_RECORDS SHOWN:_
---+---
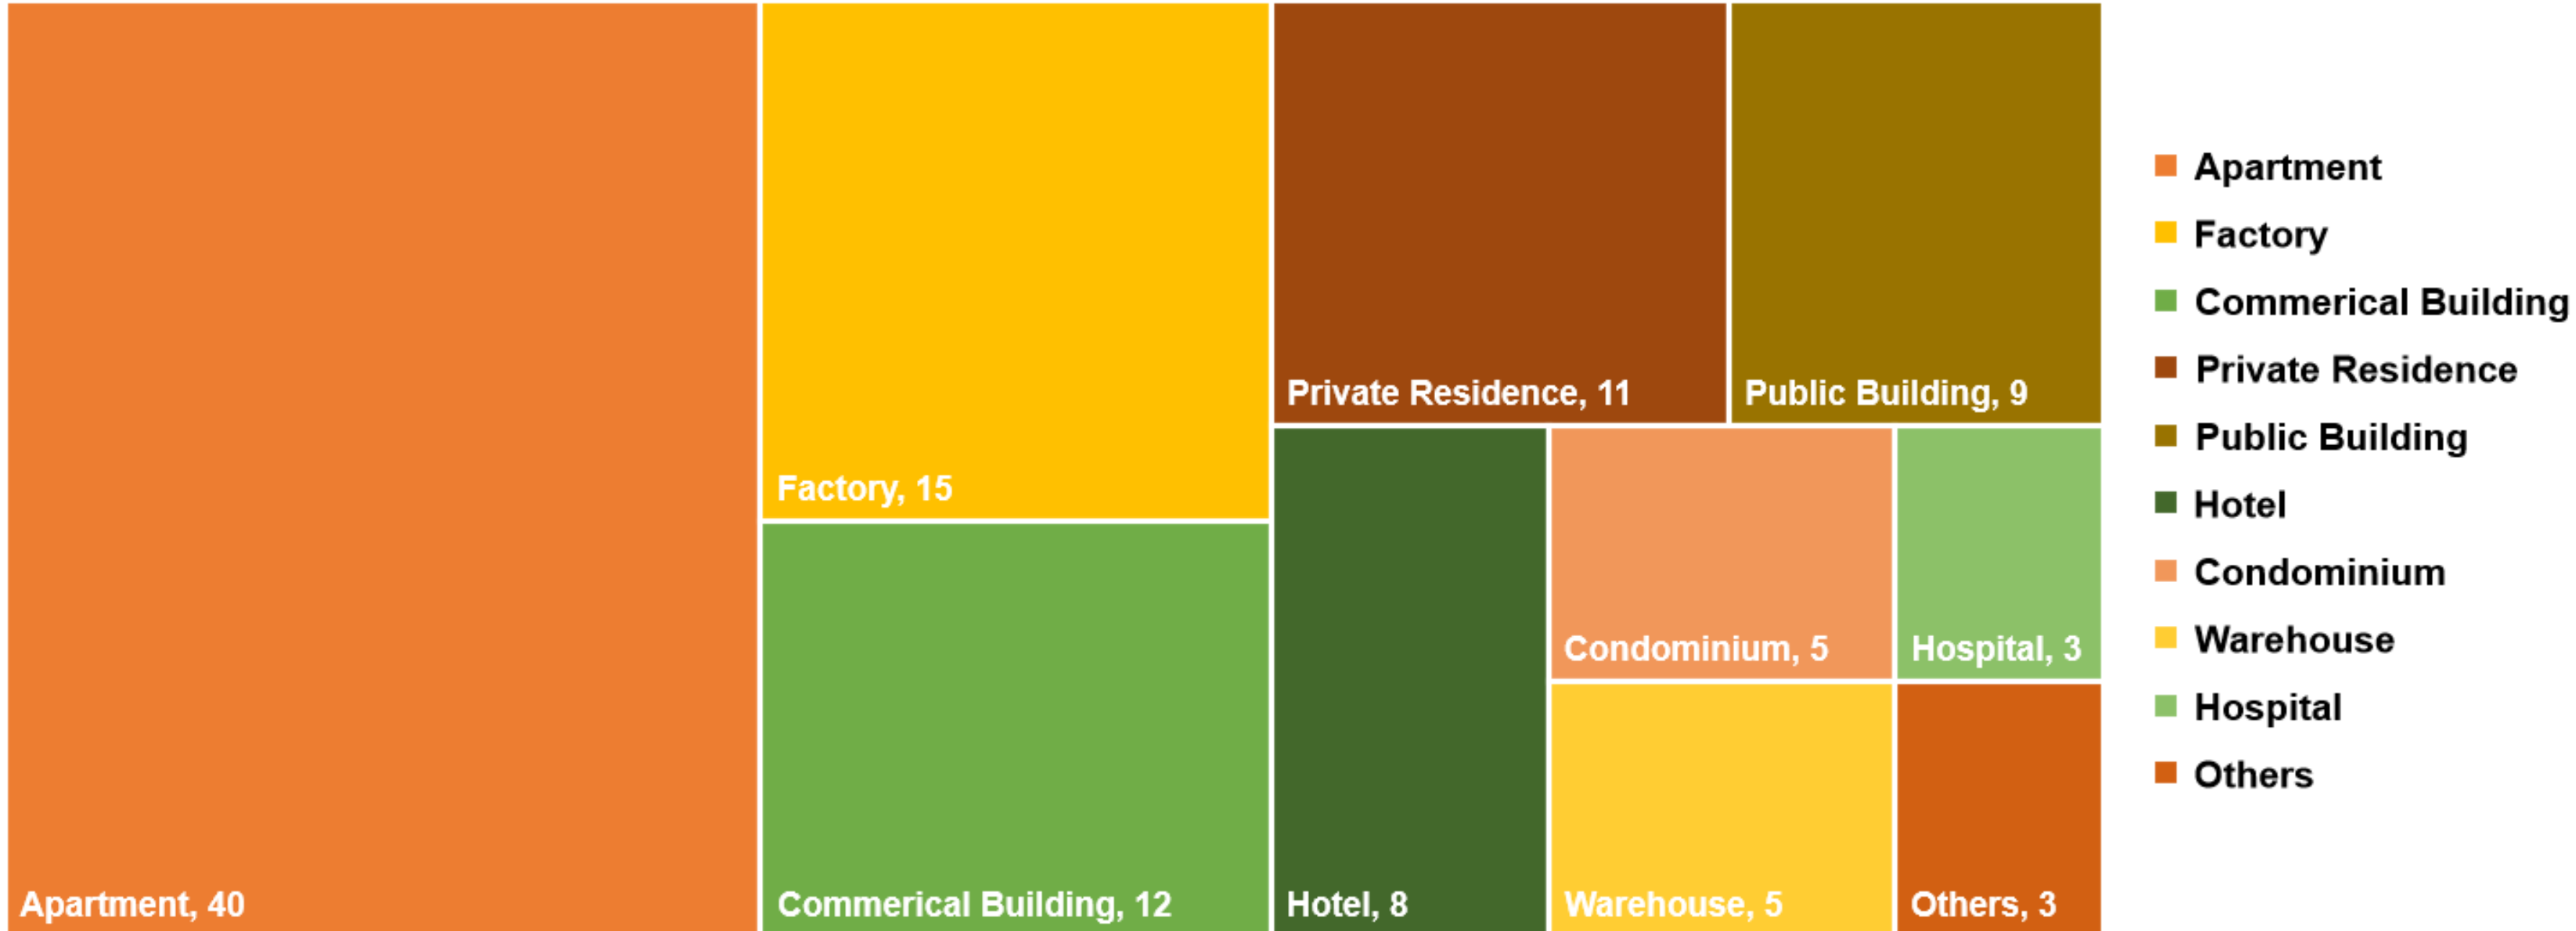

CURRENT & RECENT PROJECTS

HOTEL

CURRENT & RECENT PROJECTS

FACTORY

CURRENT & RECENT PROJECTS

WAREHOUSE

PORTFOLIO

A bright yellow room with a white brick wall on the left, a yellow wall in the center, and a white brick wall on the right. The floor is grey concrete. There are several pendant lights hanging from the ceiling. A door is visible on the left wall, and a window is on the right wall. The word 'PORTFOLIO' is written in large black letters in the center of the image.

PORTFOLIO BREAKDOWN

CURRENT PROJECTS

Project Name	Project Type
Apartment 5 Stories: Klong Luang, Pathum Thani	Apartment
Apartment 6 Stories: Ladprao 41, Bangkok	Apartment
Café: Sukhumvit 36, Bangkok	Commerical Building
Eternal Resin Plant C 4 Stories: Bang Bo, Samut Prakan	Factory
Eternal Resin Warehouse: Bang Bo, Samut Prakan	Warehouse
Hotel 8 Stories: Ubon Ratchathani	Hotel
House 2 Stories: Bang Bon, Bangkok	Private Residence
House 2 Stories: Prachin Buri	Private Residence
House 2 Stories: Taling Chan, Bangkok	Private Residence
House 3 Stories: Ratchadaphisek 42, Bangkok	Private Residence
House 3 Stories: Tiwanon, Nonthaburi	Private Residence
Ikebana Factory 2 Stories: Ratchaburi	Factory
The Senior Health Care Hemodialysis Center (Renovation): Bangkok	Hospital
---+---
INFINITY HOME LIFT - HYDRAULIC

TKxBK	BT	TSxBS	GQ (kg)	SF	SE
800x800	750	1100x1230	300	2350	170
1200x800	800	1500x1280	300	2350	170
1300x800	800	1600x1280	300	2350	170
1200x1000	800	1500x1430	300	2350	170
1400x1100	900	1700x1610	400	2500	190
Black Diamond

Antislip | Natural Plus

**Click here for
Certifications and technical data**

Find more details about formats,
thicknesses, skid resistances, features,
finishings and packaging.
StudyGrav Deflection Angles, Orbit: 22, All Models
---+---
_TRY IT:_ From the listing above, collect every line that mentions the word "Stories".

_RESULT:_
Apartment 5 Stories: Klong Luang, Pathum Thani	Apartment
Apartment 6 Stories: Ladprao 41, Bangkok	Apartment
Eternal Resin Plant C 4 Stories: Bang Bo, Samut Prakan	Factory
Hotel 8 Stories: Ubon Ratchathani	Hotel
House 2 Stories: Bang Bon, Bangkok	Private Residence
House 2 Stories: Prachin Buri	Private Residence
House 2 Stories: Taling Chan, Bangkok	Private Residence
House 3 Stories: Ratchadaphisek 42, Bangkok	Private Residence
House 3 Stories: Tiwanon, Nonthaburi	Private Residence
Ikebana Factory 2 Stories: Ratchaburi	Factory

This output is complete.